Only the lines below from the one that contains "Duración del viaje: 226 min" through the one that contains "- 1 kaskada podświetlana" should appear in your answer, exact and without pictures.

[Opening DATA SHOWN section]

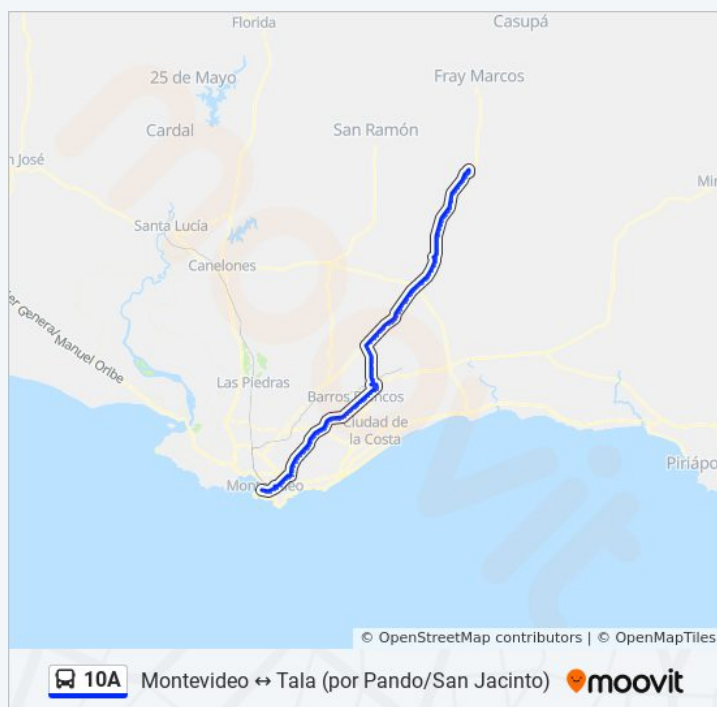

Cno. Maldonado & Jj De Arechaga

Cno. Maldonado & Luis Braille

Cno. Maldonado & Cont. Venecia

(S) Cno. Maldonado & Turín (S)

Cno. Maldonado & Florencia

Horario de la línea 10A de ómnibus

Montevideo→Tala (Por Pando/San Jacinto/Fco. Niera) Horario de ruta:

lunes	6:15 - 11:12
martes	6:15 - 11:12
miércoles	6:15 - 11:12
jueves	6:15 - 11:12
viernes	6:15 - 11:12
sábado	5:10
domingo	Sin Servicio

Información de la línea 10A de ómnibus

Dirección: Montevideo→Tala (Por Pando/San Jacinto/Fco. Niera)

Paradas: 215

Duración del viaje: 226 min

Resumen de la línea:

Cno. Maldonado & Rosario

Cno. Maldonado & Ovidio Fernandez

Cno. Maldonado & Estepona

Cno. Maldonado & Tauro

Parada 1 Ruta 8 (Km 13.600 Esq. Albert Einstein)
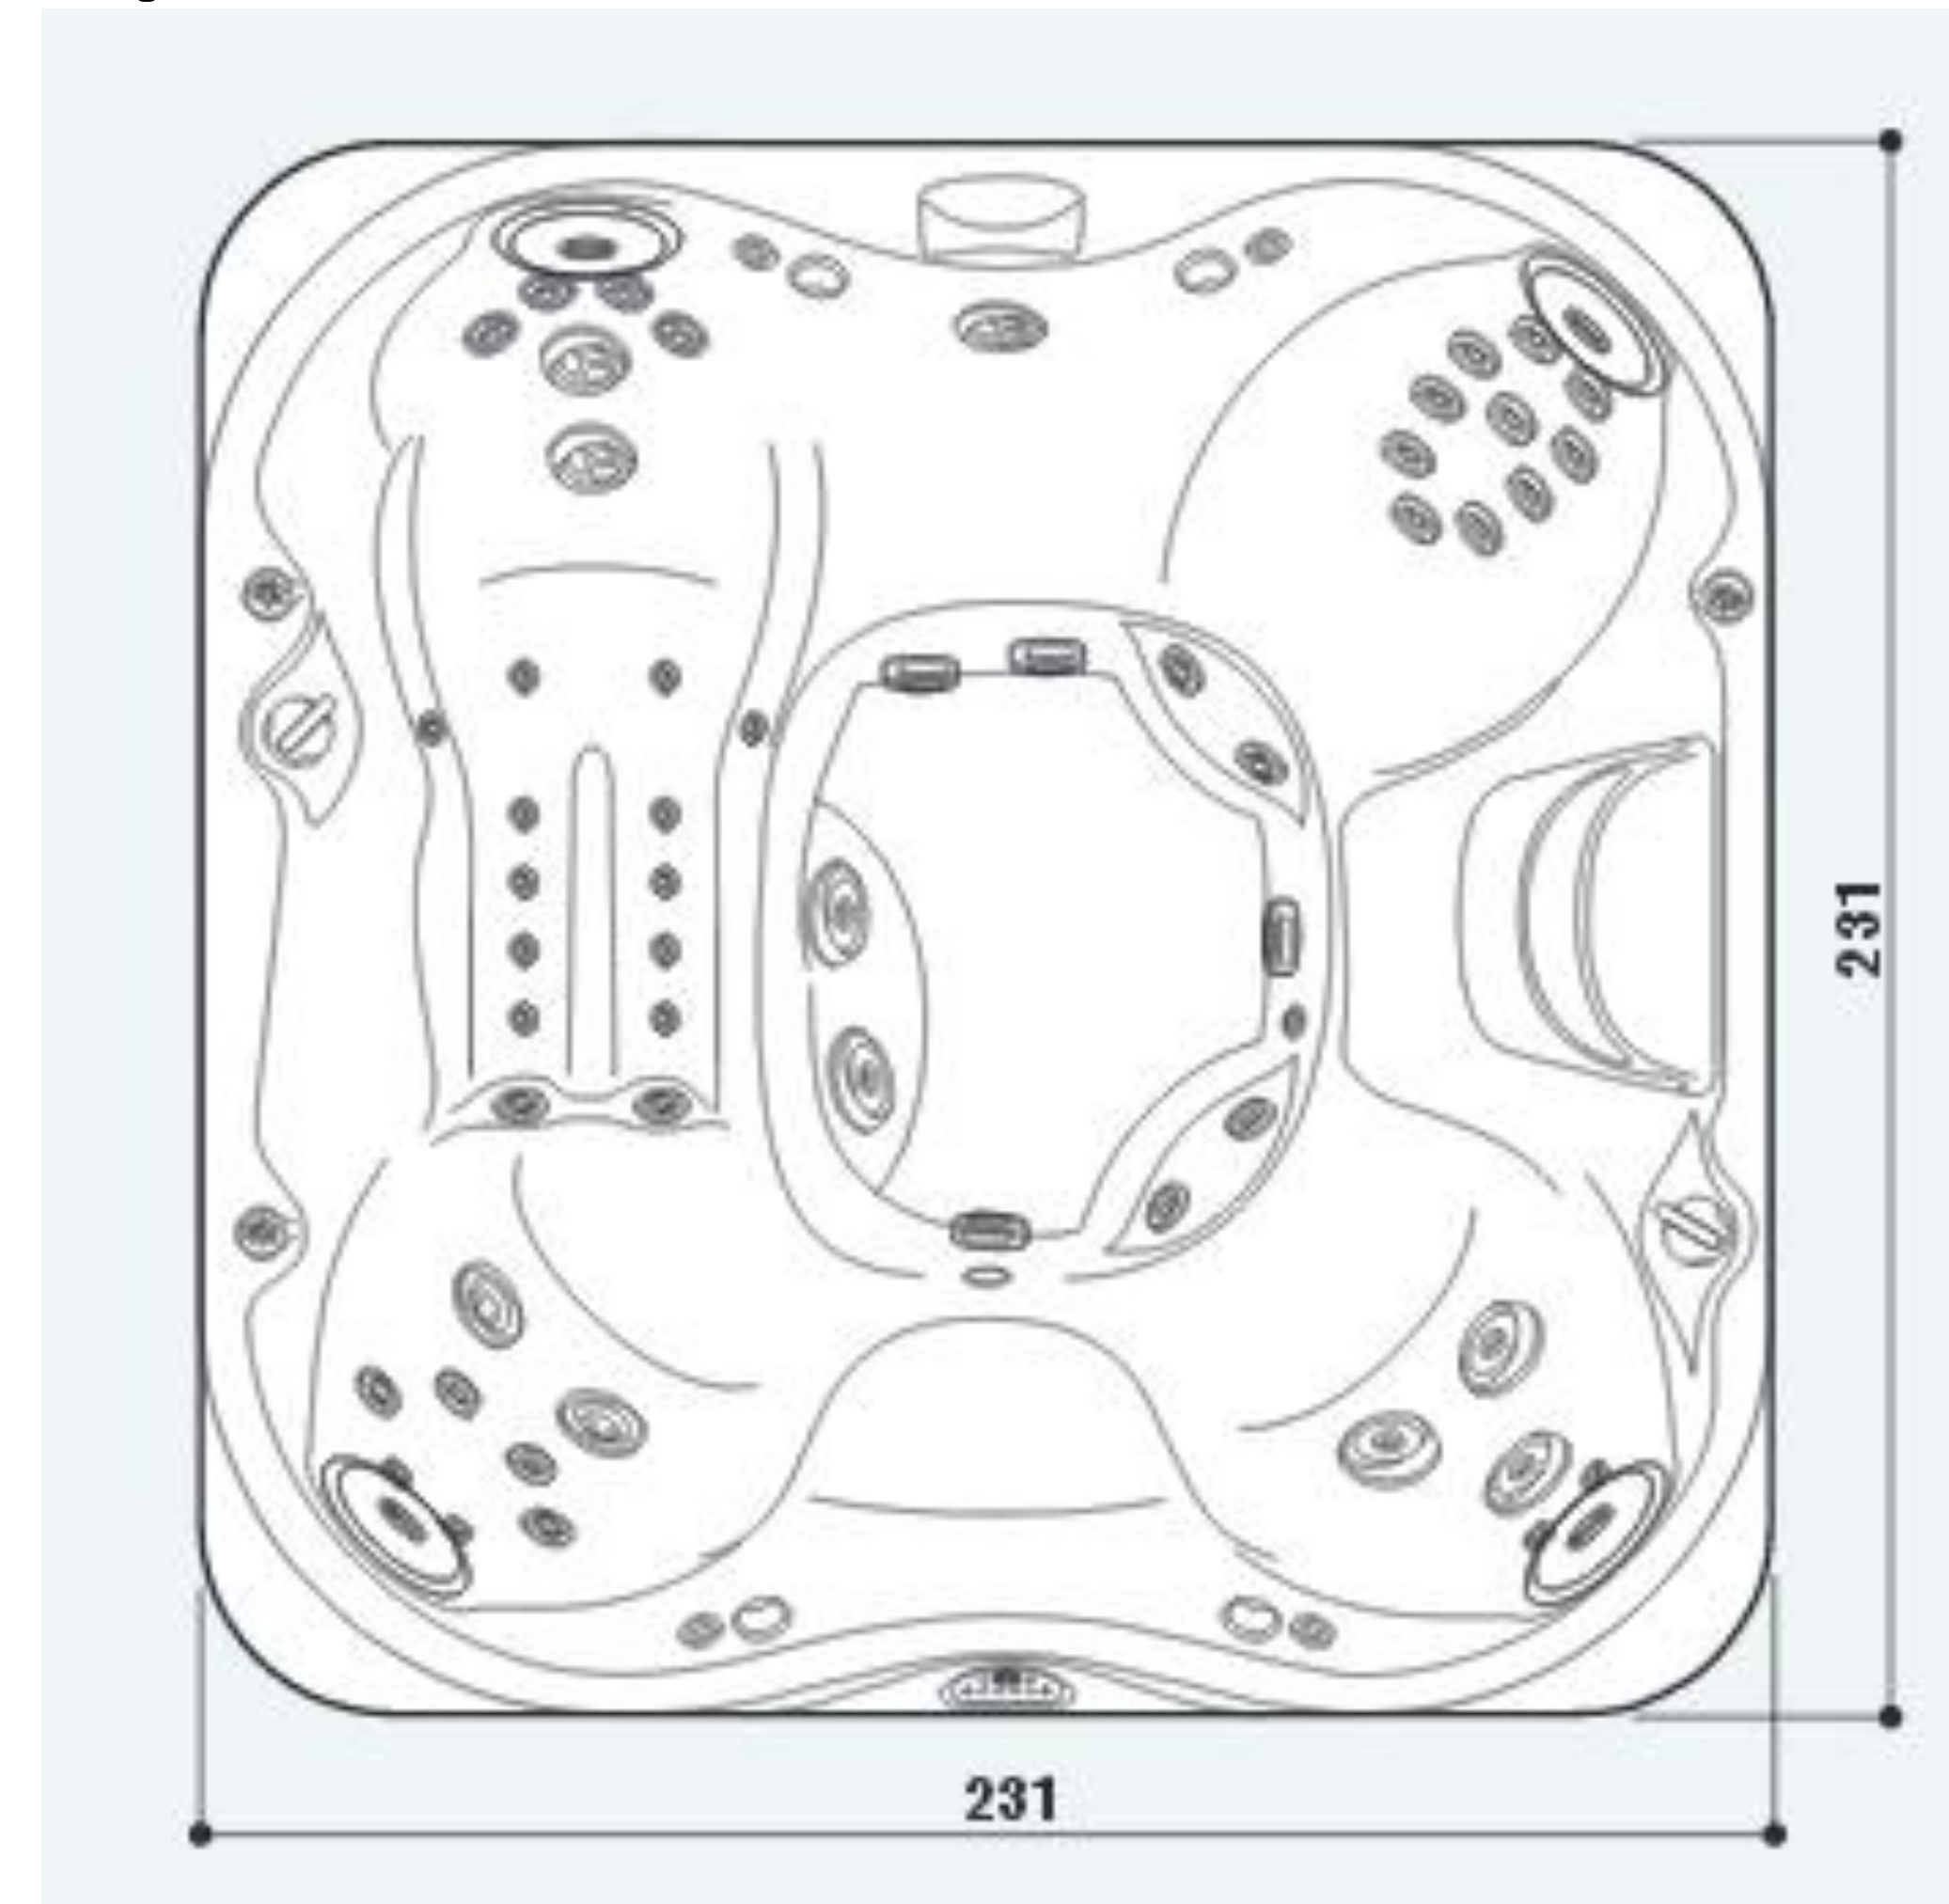

MINI-BASEN JACUZZI® PREMIUM J-375 (231 X 231 X 96)

WYPOSAŻENIE:

- 6 miejsc siedzących
- 1 miejsce typu lounge
- 50 dysz
- 1 kaskada podświetlana
- oświetlenie podwodne ProLites™ System
- 4 podświetlane zagłówki
- Smart Seal
- panel LED
- pilot
- Clear Ray UV
- Bluewave™ Stereo System

DANE TECHNICZNE:

- średnia pojemność - 1779 l
- ciężar spa przy pełnym obciążeniu - 2601 kg
- obciążenie podłoża - 596 kg/m²

CENA KATALOGOWA:

18 906 € netto
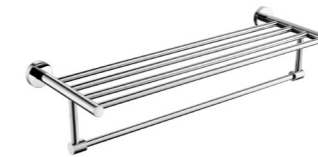

4008
Single Towel Bar / 单杆
Chrome / 铬色

4008-2
Single Towel Bar / 单杆
Chrome / 铬色

4009
Double Towel Bar / 双杆
Chrome / 铬色

4009-2
Double Towel Bar / 双杆
Chrome / 铬色

4010
Towel Rack / 浴巾架
Chrome / 铬色

4010-2
Towel Rack / 浴巾架
Chrome / 铬色
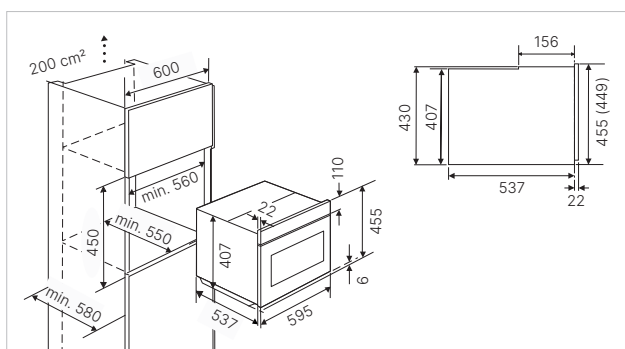

Standaardtoebehoren:

- 1 Universeel blik, glas; 1 Grillrooster

CBM 6550.0 S Zwart, **exclusief** Design-Kit € 1.799,-
DK 5000 Design-Kit Black Velvet € 215,-

CBM 6350.0 S Zwart, **exclusief** Design-Kit € 1.599,-
DK 5000 Design-Kit Black Velvet € 215,-
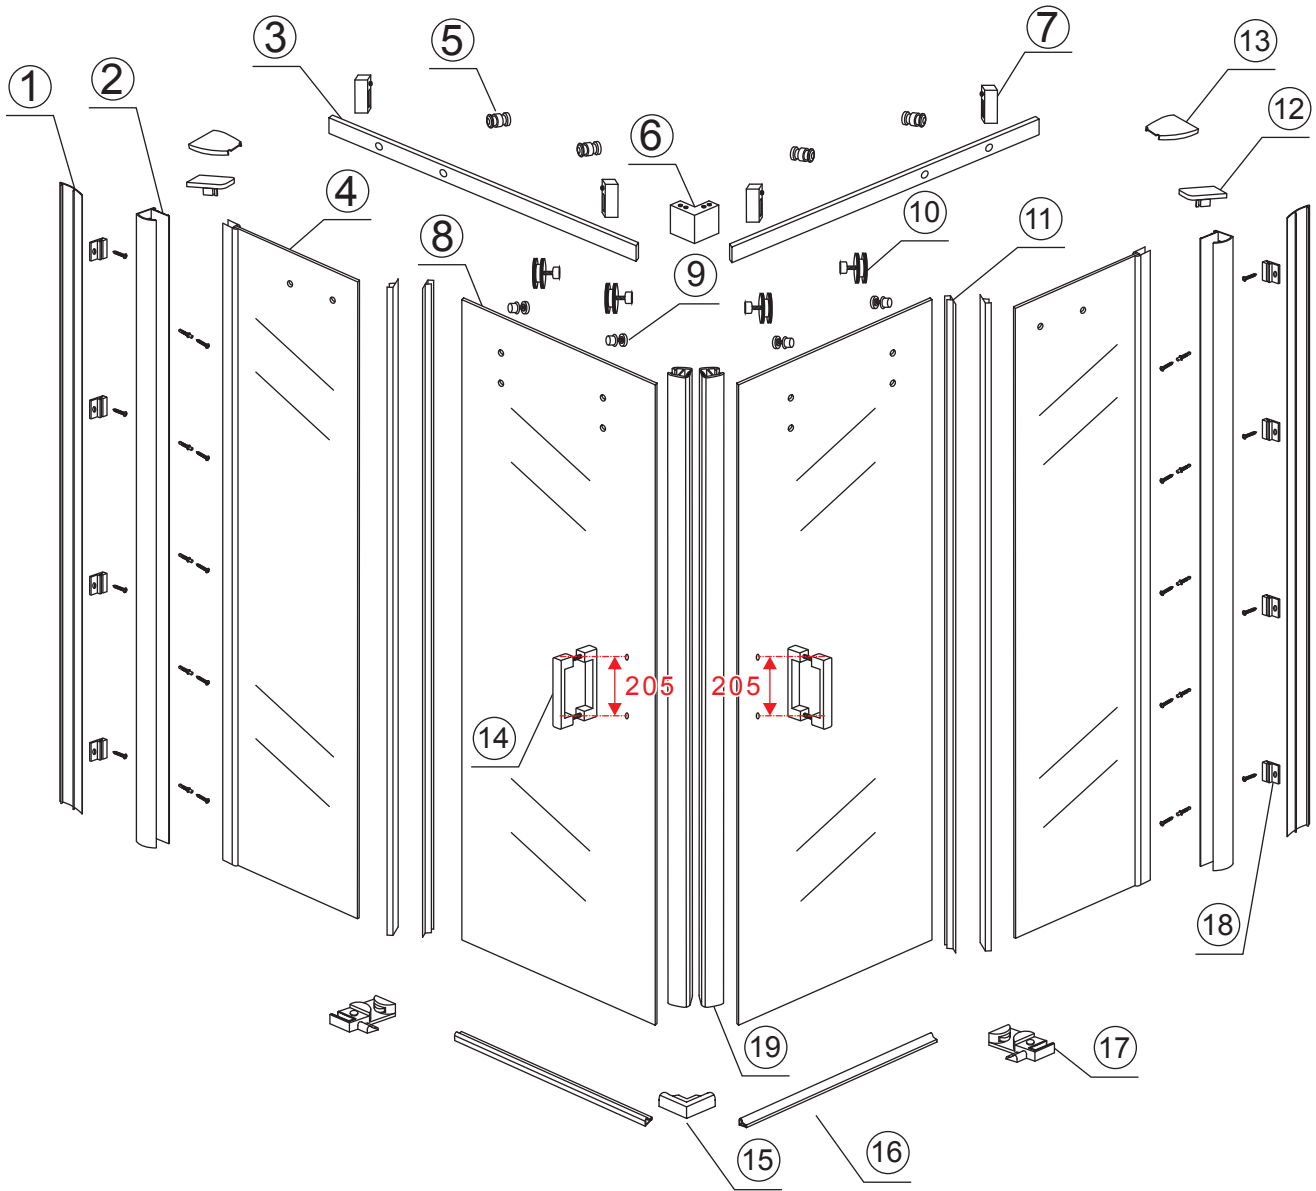

INSTALLATIE VOORSCHRIFT

Extra hoek instap cabine met 2 schuifdeuren

900 x 900 x 2000 x 8 mm nano helder glas/chroom

Zonder NANO

NANO

NANO kant aan de binnenzijde
Te herkennen aan de sticker

NANO kant aan de binnenzijde
Te herkennen aan de sticker

1

① X2	② X2	③ X2	④ X2	⑤ X4	⑥ X1
⑦ X4	⑧ X2	⑨ X4	⑩ X4	⑪ X4	⑫ X2
⑬ X2	⑭ X2	⑮ X1	⑯ X2	⑰ X2	⑱ X8
⑲ X2	X10	X18			

3

5

Voorzie alleen de
buitenzijde van de
cabine van siliconenkit.

[Closing DATA SHOWN section]

▶ YOUR RESPONSE:
Duración del viaje: 226 min

Resumen de la línea:

Cno. Maldonado & Rosario

Cno. Maldonado & Ovidio Fernandez

Cno. Maldonado & Estepona

Cno. Maldonado & Tauro

Parada 1 Ruta 8 (Km 13.600 Esq. Albert Einstein)

MINI-BASEN JACUZZI® PREMIUM J-375 (231 X 231 X 96)

WYPOSAŻENIE:

- 6 miejsc siedzących
- 1 miejsce typu lounge
- 50 dysz
- 1 kaskada podświetlana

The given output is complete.